● **What to do**
The response should be an exact transcription of the data below, free of images.

● **Source data**

******************************

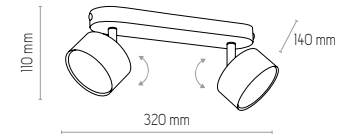

3395
CLARK WHITE ☐

2 x GX53, 15W LED

3403
CLARK BLACK ☐

2 x GX53, 15W LED

******************************

● **Expected answer**
3395
CLARK WHITE ☐

2 x GX53, 15W LED

3403
CLARK BLACK ☐

2 x GX53, 15W LED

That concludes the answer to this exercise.